→ **What the task requires**
Each line in the material below, starting at the one with "Infill Options Available" and ending at the one with "#18, #39 - #44)", is to be reproduced exactly; no picture is to be copied.

→ **Data for analysis**
*****

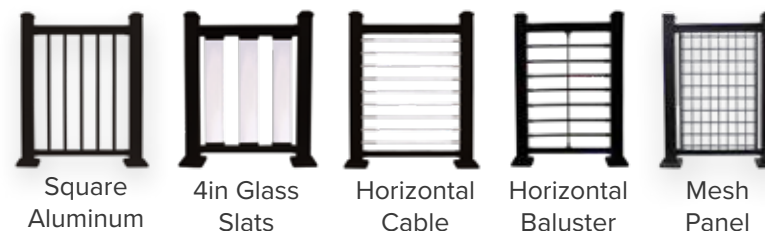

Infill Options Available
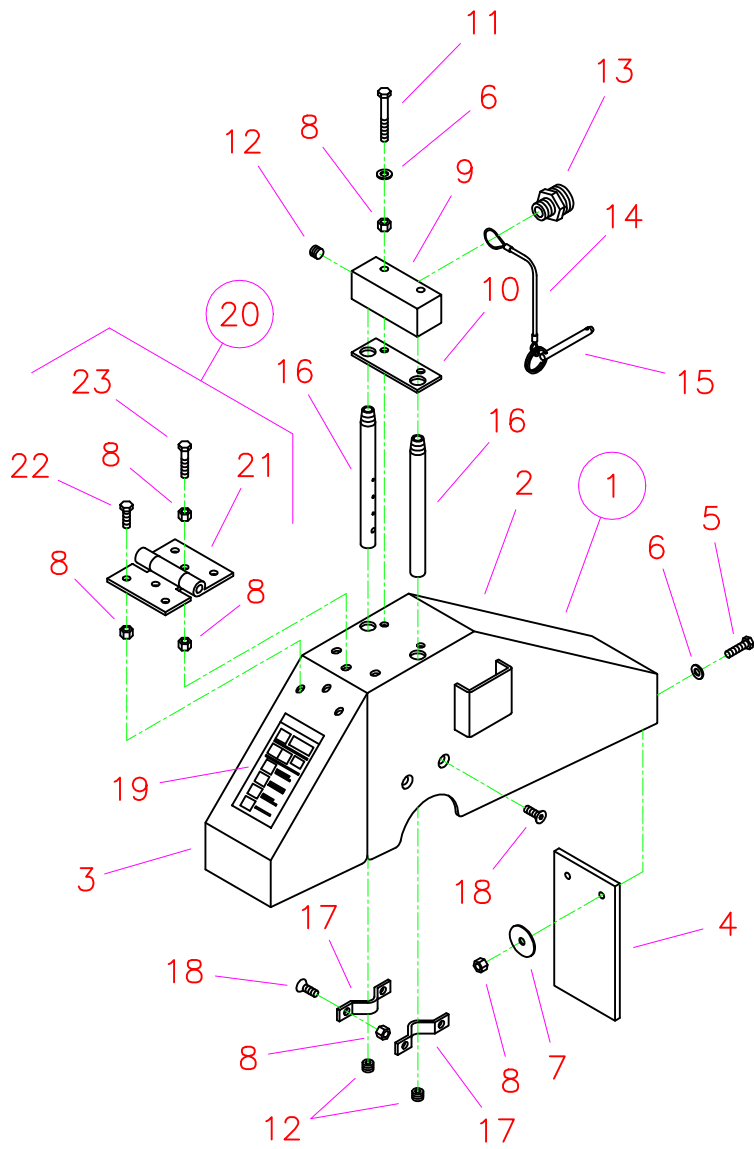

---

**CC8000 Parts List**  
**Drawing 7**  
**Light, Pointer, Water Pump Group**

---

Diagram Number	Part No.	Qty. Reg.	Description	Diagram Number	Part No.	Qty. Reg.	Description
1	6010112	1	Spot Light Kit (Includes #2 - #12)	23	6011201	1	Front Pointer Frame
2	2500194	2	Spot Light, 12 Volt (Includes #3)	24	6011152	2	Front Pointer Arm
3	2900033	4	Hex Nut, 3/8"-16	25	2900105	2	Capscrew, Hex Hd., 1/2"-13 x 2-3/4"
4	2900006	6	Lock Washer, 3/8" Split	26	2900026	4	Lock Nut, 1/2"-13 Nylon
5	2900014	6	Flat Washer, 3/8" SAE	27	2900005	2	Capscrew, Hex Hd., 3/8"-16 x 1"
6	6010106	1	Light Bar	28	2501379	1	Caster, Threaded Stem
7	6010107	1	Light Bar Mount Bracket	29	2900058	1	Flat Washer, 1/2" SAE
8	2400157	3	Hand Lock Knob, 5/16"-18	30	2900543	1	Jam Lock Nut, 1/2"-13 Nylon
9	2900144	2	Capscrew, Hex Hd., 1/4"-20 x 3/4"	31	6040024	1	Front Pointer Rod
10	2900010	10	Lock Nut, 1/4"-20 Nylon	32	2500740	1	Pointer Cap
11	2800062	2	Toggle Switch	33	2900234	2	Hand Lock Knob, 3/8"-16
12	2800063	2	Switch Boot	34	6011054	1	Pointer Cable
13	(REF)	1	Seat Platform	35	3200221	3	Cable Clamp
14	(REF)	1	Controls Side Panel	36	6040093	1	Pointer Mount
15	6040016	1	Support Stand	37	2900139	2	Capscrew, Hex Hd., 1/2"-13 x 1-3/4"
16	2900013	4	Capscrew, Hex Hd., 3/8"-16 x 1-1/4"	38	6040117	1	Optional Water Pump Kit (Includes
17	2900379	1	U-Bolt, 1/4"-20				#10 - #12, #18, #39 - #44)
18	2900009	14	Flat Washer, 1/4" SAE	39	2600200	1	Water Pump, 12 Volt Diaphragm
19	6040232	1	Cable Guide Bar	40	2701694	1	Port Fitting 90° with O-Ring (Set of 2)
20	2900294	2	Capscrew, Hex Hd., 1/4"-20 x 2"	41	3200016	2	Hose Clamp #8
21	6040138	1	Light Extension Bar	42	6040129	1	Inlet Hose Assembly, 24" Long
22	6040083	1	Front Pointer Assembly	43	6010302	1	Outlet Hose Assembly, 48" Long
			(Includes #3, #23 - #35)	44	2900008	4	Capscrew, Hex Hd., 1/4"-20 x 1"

*****

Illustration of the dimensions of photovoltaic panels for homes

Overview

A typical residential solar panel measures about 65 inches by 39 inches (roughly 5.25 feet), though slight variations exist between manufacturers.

*****

→ **The completed task**
Infill Options Available

---

**CC8000 Parts List**  
**Drawing 7**  
**Light, Pointer, Water Pump Group**

---

Diagram Number	Part No.	Qty. Reg.	Description	Diagram Number	Part No.	Qty. Reg.	Description
1	6010112	1	Spot Light Kit (Includes #2 - #12)	23	6011201	1	Front Pointer Frame
2	2500194	2	Spot Light, 12 Volt (Includes #3)	24	6011152	2	Front Pointer Arm
3	2900033	4	Hex Nut, 3/8"-16	25	2900105	2	Capscrew, Hex Hd., 1/2"-13 x 2-3/4"
4	2900006	6	Lock Washer, 3/8" Split	26	2900026	4	Lock Nut, 1/2"-13 Nylon
5	2900014	6	Flat Washer, 3/8" SAE	27	2900005	2	Capscrew, Hex Hd., 3/8"-16 x 1"
6	6010106	1	Light Bar	28	2501379	1	Caster, Threaded Stem
7	6010107	1	Light Bar Mount Bracket	29	2900058	1	Flat Washer, 1/2" SAE
8	2400157	3	Hand Lock Knob, 5/16"-18	30	2900543	1	Jam Lock Nut, 1/2"-13 Nylon
9	2900144	2	Capscrew, Hex Hd., 1/4"-20 x 3/4"	31	6040024	1	Front Pointer Rod
10	2900010	10	Lock Nut, 1/4"-20 Nylon	32	2500740	1	Pointer Cap
11	2800062	2	Toggle Switch	33	2900234	2	Hand Lock Knob, 3/8"-16
12	2800063	2	Switch Boot	34	6011054	1	Pointer Cable
13	(REF)	1	Seat Platform	35	3200221	3	Cable Clamp
14	(REF)	1	Controls Side Panel	36	6040093	1	Pointer Mount
15	6040016	1	Support Stand	37	2900139	2	Capscrew, Hex Hd., 1/2"-13 x 1-3/4"
16	2900013	4	Capscrew, Hex Hd., 3/8"-16 x 1-1/4"	38	6040117	1	Optional Water Pump Kit (Includes
17	2900379	1	U-Bolt, 1/4"-20				#10 - #12, #18, #39 - #44)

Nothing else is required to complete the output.